The teaching and learning of Social, Personal and Health Education (SPHE) provides a unique space where students can develop the knowledge, understanding, skills, dispositions and values needed to support their physical, emotional, social and spiritual* wellbeing, now and in the future. The SPHE specification is grounded in values of respect, equality, inclusivity, responsibility, dignity, compassion and empathy.

Adolescence is a time of important change and challenge for young people as they come to a clearer sense of their identity and gain a more secure sense of who they are. The lifelong process of 'becoming your own person' and gaining a secure sense of identity is a prime developmental concern in adolescence. All young people need knowledge and skills to help them develop a strong sense of self, make informed and healthy decisions, be able to take care of themselves and others, and manage life’s challenges.

This course places a strong focus on the development of important life skills that young people need growing up in a fast changing and complex world. Specifically, it focuses on developing the core social and emotional skills of self-awareness, self-management, responsible decision-making, social awareness and relationship skills. These have been shown to determine how well people manage changing and challenging environments and can influence many important life outcomes.

Relationships and Sexuality Education (RSE) is an integral part of, and connects with, aspects of SPHE. It is of particular importance for young people at this stage of their lives as they reflect on questions such as ‘what kind of person am I?’ and ‘what matters for me in relationships?’ As they continue to form their identity, they are making sense of life experiences, information, images and messages about relationships and sexuality from a range of informal sources such as their peers, family, the media, online world. Having the opportunity to think about and discuss relationships, sexuality and healthy sexual expression within a safe classroom setting and with a skilled teacher is vitally important.

Through the use of critical and participative pedagogies, SPHE can provide a safe, supportive and non-judgemental space where students’ self-awareness and awareness of others can grow, and where they engage in reflection and dialogue, and identify actions they can take to protect and promote their own wellbeing and that of others. By affirming and developing young people’s strengths and capacities as active agents in their own lives, SPHE can play an important role in enabling young people to find their voice and develop self-efficacy.

In junior cycle, six indicators have been identified as central to students’ wellbeing. Teaching and learning within the SPHE classroom can provide meaningful learning opportunities to foster all six indictors of wellbeing, helping students become more Active, Responsible, Connected, Resilient, Respected and Aware. SPHE is thereby a core pillar of a school’s Wellbeing programme in junior cycle.

This specification supports teachers in adopting an approach that is inclusive in accordance with principles of equality, human rights and responsibilities. This ensures that all students can see themselves, their families and their communities reflected across the learning and can learn to value diversity as a feature of humankind and as a source of enrichment.
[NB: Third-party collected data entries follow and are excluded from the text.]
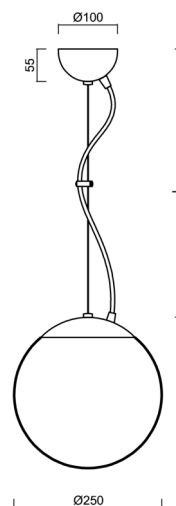

# ADRIA L2A

Produktcode: ADR50059

Art: LED-5L06E300ZL11/093/L100 NB DALI 3K#

Kurzbeschreibung der leuchte: Edelstahl gebürstet | LED-Pendelleuchte DALI | TRIPLEX OPAL mundgeblasener Glasschirm | Stahlseil-Pendelleuchte (mit Netzkabel) 100 cm |

## Technische Daten

Arten von leuchten	Dimmbar
Befestigungsart	Aufgehängt - Draht
Basismaterial	rostfreier Stahl
Schattenmaterial	dreischichtiges Glas TRIPLEX OPAL
Grundfarbe	gebürsteter Edelstahl
Schattenfarbe	Weiß
Schatten halten	Halter aus Stahl
Montageort	Decke
Breite	250 mm
Länge	250 mm
Höhe	250 mm
Durchmesser	ø 250 mm
Scharnierlänge	1000 mm
Montageloch	keiner
Energieklasse	D
Schlagfestigkeit	IK01
Betriebstemperatur	von -20°C bis +30°C

#### Lampenschirm

Produktcode	Name	Farbe	Bild	Zeichnung
20208	093	Weiß		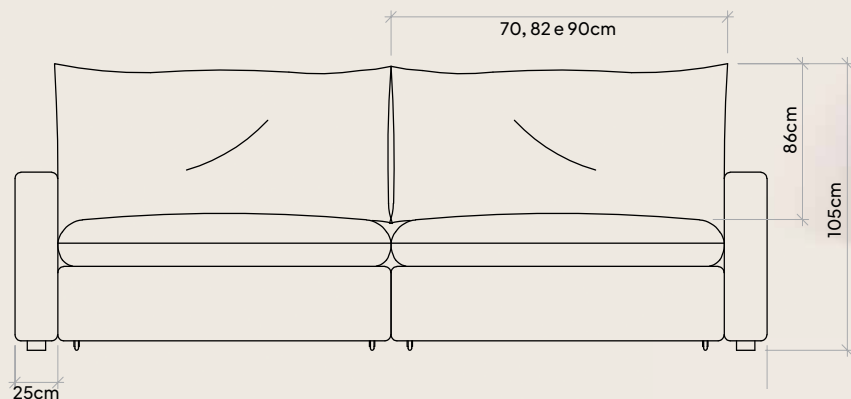

- 
 Carregador usb e proximidade opcional
- 
 Mola ensacada
- 
 Pillowtop
- 
 D-28 Soft Macio

Linho Safira 344

Hope

Esperança traduzida em
conforto para o seu lar.

Linho Safira 344

Veneza

Sofisticação e conforto
em cada detalhe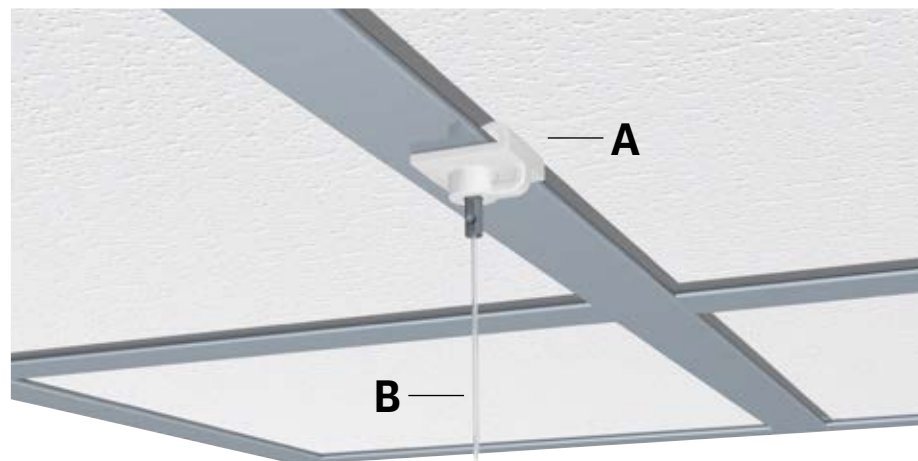

FAUX PLAFOND CLIP

A

A1	A2
Faux plafond eco clip blanc (max. 1 kg)	Faux plafond eco clip noir (max. 1 kg)
7807.125	7807.126

B

B1	B2	B3	B4
Twister 1 mm Perlon	Twister 2 mm Perlon	Slider economy 2 mm Perlon	Bobine de fil en Perlon 2 mm
30.21150 | 150 cm	09.23100 | 100 cm	9.4424 | 100 cm	9.4404 | 100 cm
30.21200 | 200 cm	09.23150 | 150 cm	9.4425 | 150 cm	9.4421S | 500 cm
30.21300 | 300 cm	09.23200 | 200 cm	9.4426 | 200 cm	Serre-câble 2 mm alu
	09.23250 | 250 cm	9.4427 | 250 cm	9.4431
	09.23300 | 300 cm	9.4428 | 300 cm	
	09.23500 | 500 cm		

C

C1	C2
Auto grip	Mini crochet
30.41100	9.4205

COMBINAISON AFFICHÉE: A1 + B2 + C2

COMBINAISONS POSSIBLES:
A1 + B3 + C2
A1 + B2 + C2
A1 + B1 + C1
A1 + B4 + C2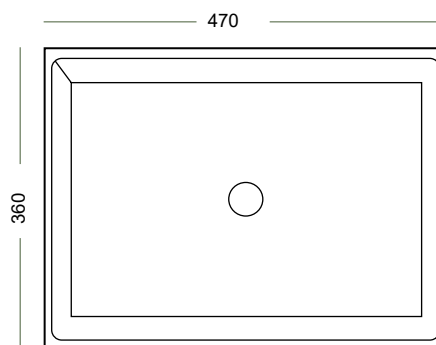

כיסור חרט מונח

מידה: 595x395x100

מחיר: 600 ש"ח

דגם: 2150

כיסור חרט מונח

מידה: 470x360x130

מחיר: 900 ש"ח

דגם: 2166
 כיור חרס מונח, ניתן לתלייה, חור קיים
 מידה: 470x360x130

SPHE thus contributes to building a cohesive, compassionate and fair society; one that is inclusive of all genders, sexualities, ethnicities, religious beliefs/worldviews, social classes and abilities/disabilities.


This course aims to build students’ self-awareness and positive self-worth; to develop the knowledge, understanding, skills, dispositions and values that will support them to lead fulfilling and healthy lives; empower them to create, nurture and maintain respectful and loving relationships with self and others; and enhance their capacity to contribute positively to society.

*The spiritual dimension of wellbeing relates to being able to experience a sense of awe and wonder and knowing that life has meaning and purpose. (Primary Curriculum Framework, p12, NCCA, 2023) This is based on a human development approach to wellbeing that is holistic and interdisciplinary and recognises different aspects to wellbeing, including the spiritual aspect of life.